Key Takeaway: PBS incremental backups with deduplication reduce backup storage consumption by 60-90% compared to vzdump full backups, while enabling faster backup windows.

Why It Matters: A 100 GB VM backed up daily with vzdump full backup consumes 700 GB per week. The same VM backed up with PBS incremental deduplication consumes 100-150 GB per week for typical database workloads—a 5-7x storage efficiency improvement. This means the same backup storage hardware retains more history, enabling longer retention windows without additional cost. Teams with large VM fleets often find that migrating to PBS is the single highest-ROI storage optimization available.

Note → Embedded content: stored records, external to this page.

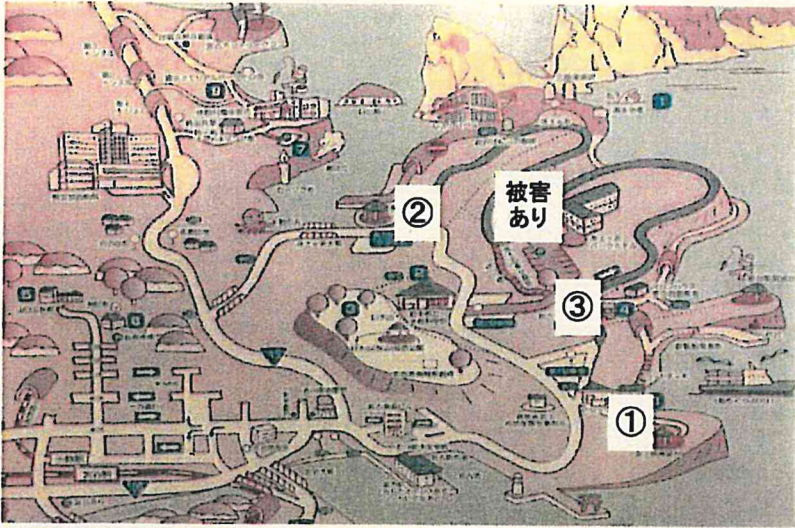

# 農林水産被害状況

サケふ化場への土砂流入（洋野町）

サケ採捕施設の破損（大船渡市）

しいたけほだ木の流出（山田町）

林地の荒廃状況（山田町）

観光施設被害状況(宮古市浄土ヶ浜園地内)

観光施設①

地域の被害状況 (山田町田の浜地区、保副知事現地視察10/14)
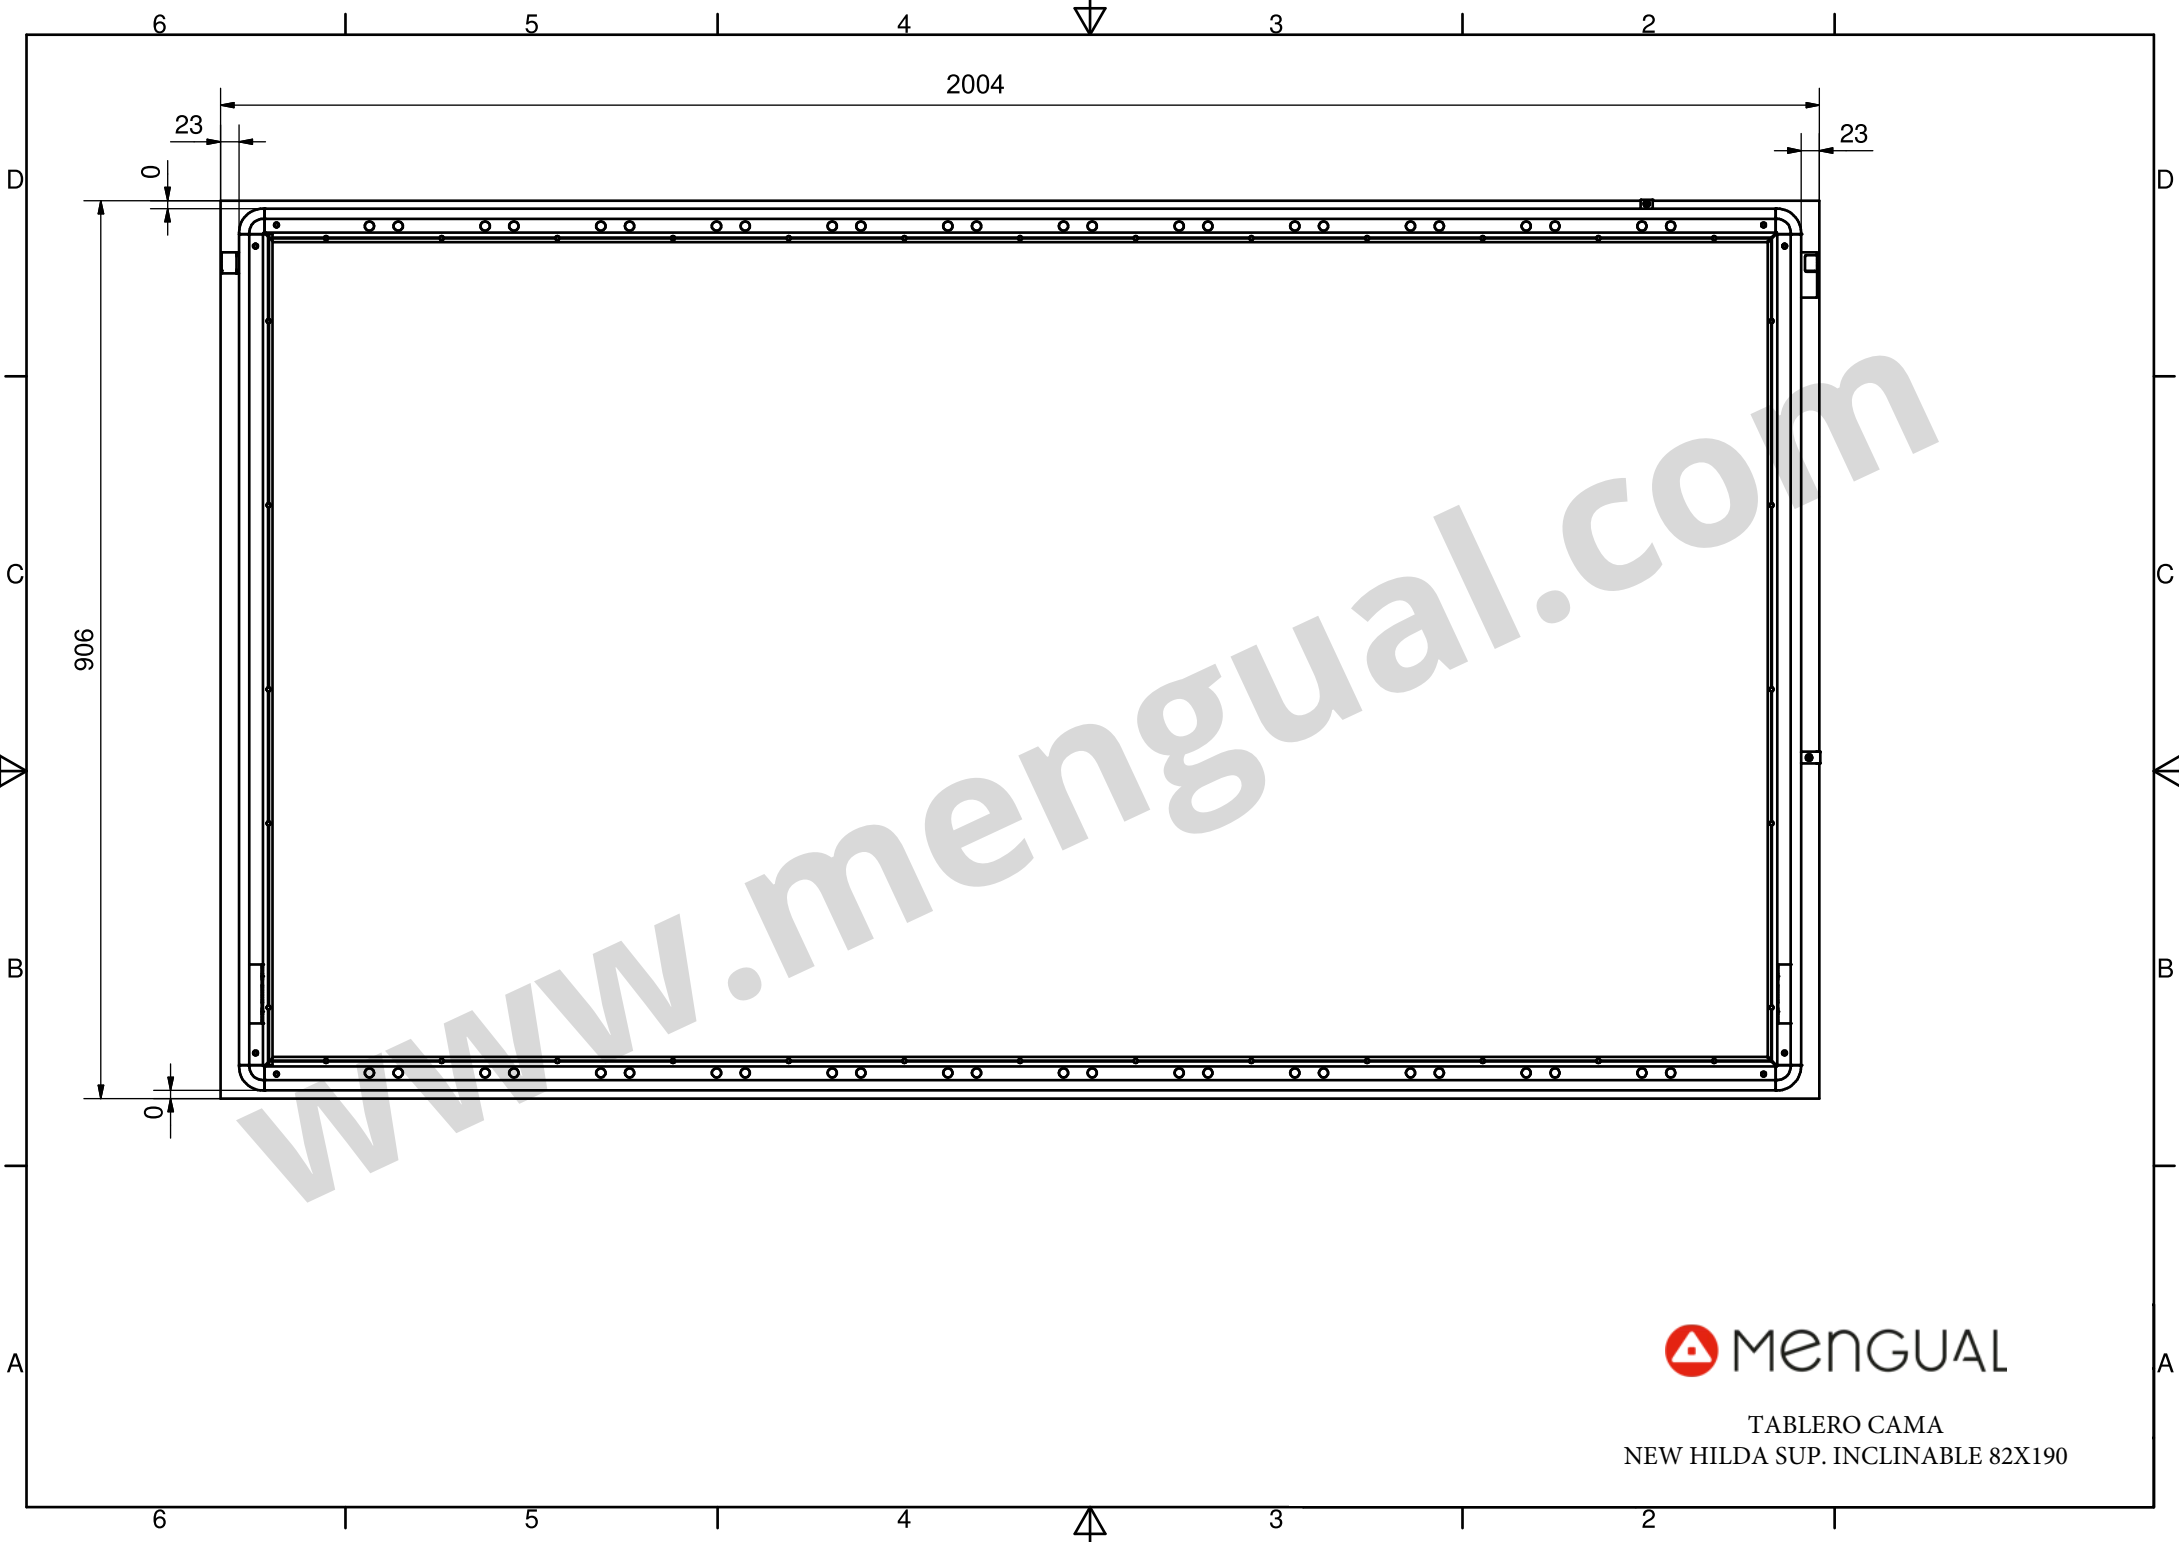

 **MENGUAL**

COSTADO IZQUIERDO
 NEW HILDA SUP. INCLINABLE 82X190

2004

23

23

906

D

D

C

C

B

B

A

A

 MenguAl

TABLERO CAMA
NEW HILDA SUP. INCLINABLE 82X190

www.mengual.com

 **MENGUAL**

MÓDULO LITERA
NEW HILDA SUP. INCLINABLE 82X190

35

2016

830,00
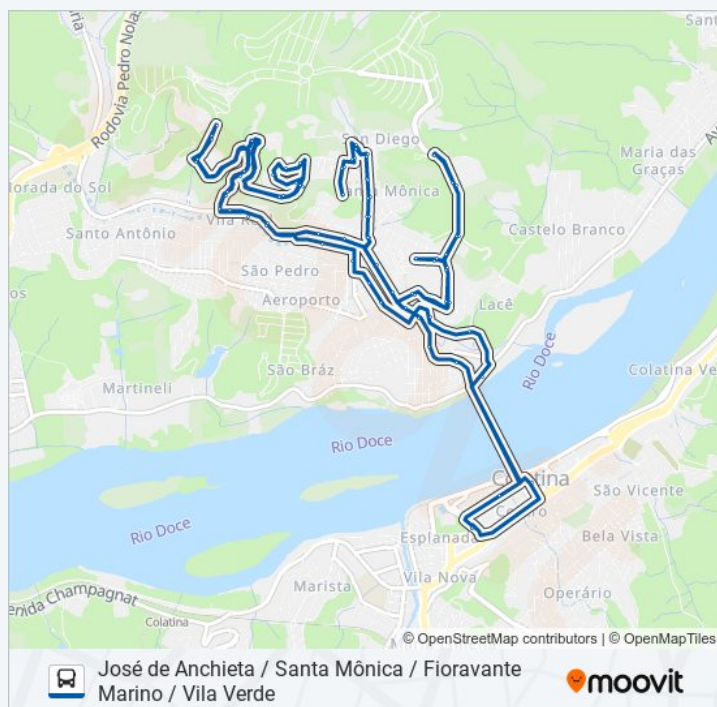

14:15 - 21:15

**Informações da linha de ônibus 162 JOSÉ DE ANCHIETA / SANTA MÔNICA / FIORAVANTE MARINO / VILA VERDE**

**Sentido:** J. Anchieta / Sta. Mônica / F. Marino / VI. Verde (Sol Poente)

**Paradas:** 75

**Duração da viagem:** 64 min

**Resumo da linha:**

Avenida Silvio Avidos, 756

Rua Nossa Senhora Aparecida, 211

Rua Virgílio Balarini, 256

Rua Reynaldo Ferrari Primo, 21

Avenida Jordana Sara Silva, 331

Rua Projetada Vinte E Sete, 49
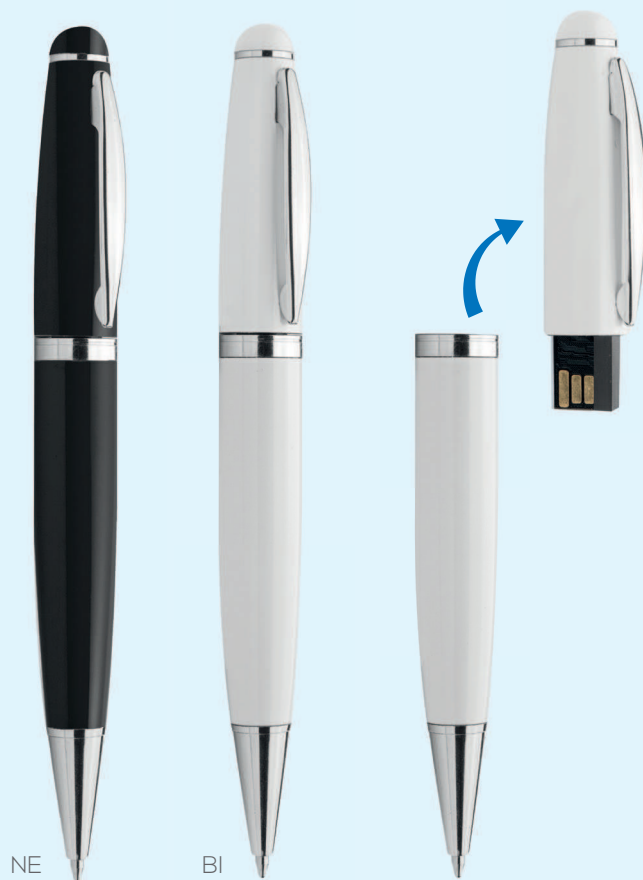

Pen Drive PF108-04 *Memoria usb*

penna a sfera e memoria USB 4GB
fusto e cappuccio in lacca lucida
minuterie cromate • inchiostro nero
corredata di astuccio

▴ cm 14x1,4 ca • ♻️ plastica • 🔄 1/1

🎨 tampografica - UV
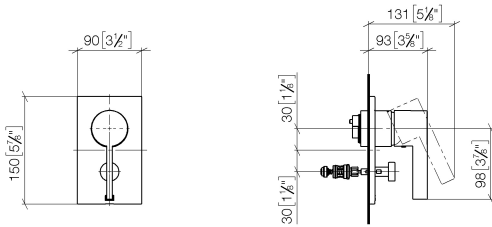

**Benötigtes Zubehör**

**UP-Einhandbatterie -**

- Max. Einbautiefe 105 mm
- Min. Einbautiefe 80 mm

35 020 970 90

**Benötigtes Zubehör**

**UP-Einhandbatterie mit Sicherungseinrichtung -**

- Max. Einbautiefe 105 mm
- Min. Einbautiefe 80 mm

35 021 970 90

36 120 670

mm [inches]
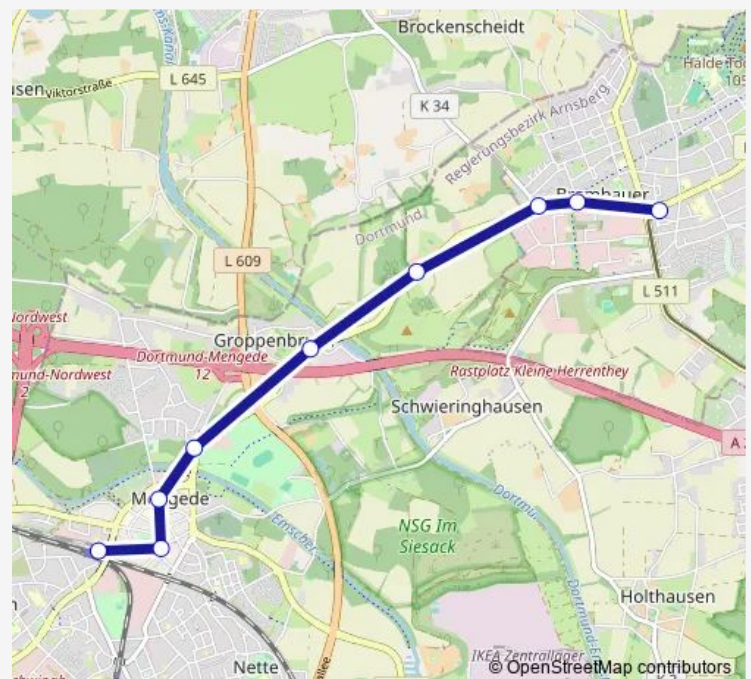

Dortmund Freihofstraße

Dortmund Am Schlagbaum

Dortmund Im Siesack

Dortmund Brockenscheidter Weg

Brambauer, Achenbachstr.

Brambauer, Schulenkampstr.

Brambauer, Verkehrshof

Route schedule

Dortmund Mengede Bf — Brambauer, Verkehrshof

Monday 08:30-18:30

Tuesday 08:30-18:30

Wednesday 08:30-18:30

Thursday 08:30-18:30

Friday 08:30-18:30

Saturday 07:30-15:30

Sunday —

Route info

Direction: Dortmund Mengede Bf

Stops: 9

Trip Duration: 0 hour 14 min

474

Direction

Brambauer, Verkehrshof — Dortmund Mengede Bf

9 stops

[Open route schedule](#)

Brambauer, Verkehrshof

Brambauer, Schulenkampstr.

Brambauer, Achenbachstr.

Dortmund Brockenscheidter Weg

Dortmund Im Siesack

Dortmund Am Schlagbaum

Dortmund Freihofstraße

Example 49: Use vzdump for Manual Backup and Schedule Backup Jobs

vzdump remains the underlying backup tool for local backups and offline archives. Understanding its operation mode options enables appropriate backup strategy selection.

Code:

# Manual backup with all VMs and containers on this node
vzdump --all \
  --storage local \
  --mode snapshot \
  --compress zstd \
  --notes-template "Weekly backup - {{guestname}} - {{node}}"
# => Starting backup job for all guests...
# => Backing up VM 100 (ubuntu-24-server)...
# =>   snapshot mode: create disk snapshot, backup while VM running
# =>   Saving guest state... done
# =>   Creating backup archive: vzdump-qemu-100-2026_04_29-02_00_00.vma.zst
# =>   Archive size: 5.2 GB (3.1 GB compressed with zstd)
# => Backing up CT 200 (web-server-01)...
# => All backups completed
 
# Backup modes comparison:
# snapshot (default): VM runs during backup; uses disk snapshot; best for production
#   => requires qcow2 or ZFS; not available for raw disks without thin-pool
# suspend: VM suspended during backup (brief pause of 1-30 seconds)
#   => works with any disk format; brief downtime
# stop: VM stopped during backup; restarted after
#   => slowest; maximum consistency; use for critical databases without internal backup
 
# Backup a specific VM with retention
vzdump 100 \
  --storage pbs-main \
  --mode snapshot \
  --compress zstd \
  --remove 0
# => --remove 0: do not prune old backups after this job (use separate prune policy)
 
# View backup job status and history
pvesh get /cluster/backup --output-format json | python3 -c "
import sys, json
jobs = json.load(sys.stdin)['data']
for job in jobs:
    print(f\"Job {job['id']}: storage={job['storage']}, schedule={job.get('schedule','manual')}, mode={job['mode']}\")
"
# => Job backup-abc123: storage=pbs-main, schedule=0 1 * * *, mode=snapshot

Key Takeaway: Snapshot mode backups allow VMs to remain online during backup; stop mode provides maximum consistency for databases that require filesystem quiescence but causes VM downtime.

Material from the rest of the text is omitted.